Klagenfurt am Polarkreis
Ausgeschrieben war dieser Call zum Thema „Peripherien im Wandel“, insgesamt 64 Einreichungen wurden in einem zweistufigen Verfahren gesichtet, zwei Projekte werden nun mit insgesamt 140.000 Euro unterstützt. Das Künstlerduo Six/Petritsch will gemeinsam mit der Kuratorin Pacher mittels unterschiedlicher Zugänge – Gespräche, Kartografie, Reisejournal, Fotografie, Akustik oder körperliche Erfahrungen – erforschen, was das Kärntner und das arktische Klagenfurt heute verbindet.

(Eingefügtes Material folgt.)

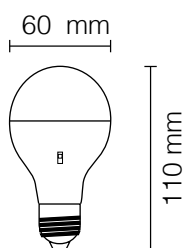

11024/BNC

Lampada LED
Cambiatono
TRIS

kelvin	K6500+K4000+K3200
watt	12W
lumen	1400
attacco	E27
grado di protezione	IP20
angolo	300°
corpo	PVC
autonomia	50.000 ore
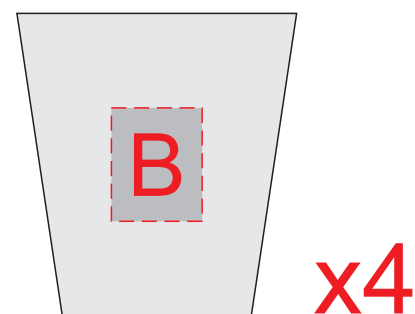

фляга

нанесение возможно с выпуклой стороны

рюмка

зажигалка

нанесение возможно с обеих сторон

A	Вид нанесения	Макс площадь (Ш*В)
	Гравировка	40x100мм
B	Вид нанесения	Макс площадь (Ш*В)
	Гравировка	12x15мм
C	Вид нанесения	Макс площадь (Ш*В)
	Гравировка	27x15мм
D	Вид нанесения	Макс площадь (Ш*В)
	Гравировка	27x25мм
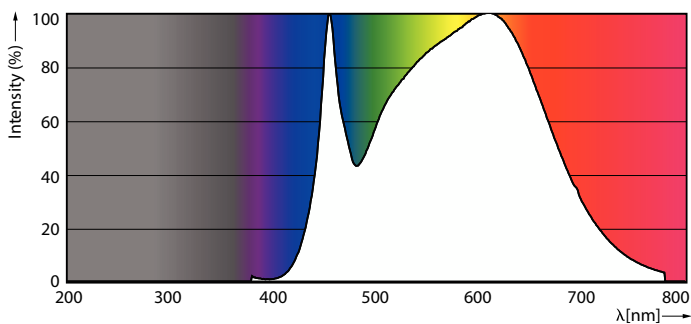

Valonjakotiedot

Spectral Power Distribution Colour - MAS LED ExpertColor 7.5-43W MR16 940 24D

Den Auftakt soll eine temporäre Bodenzeichnung des Franz-Josef-Lands (das heute zu Russland gehört) im öffentlichen Raum in Klagenfurt machen – Ausgangspunkt für die weiteren künstlerischen Expeditionen. Das Projekt würde mit einer Vielfalt an künstlerischen und medialen Instrumentarien die Erfahrungen von „Nähe und Ferne, Eigenem und Fremden sowie Zentrum und Peripherie“ beleuchten, begründete die Jury unter Vorsitz von Barbara Putz-Plecko.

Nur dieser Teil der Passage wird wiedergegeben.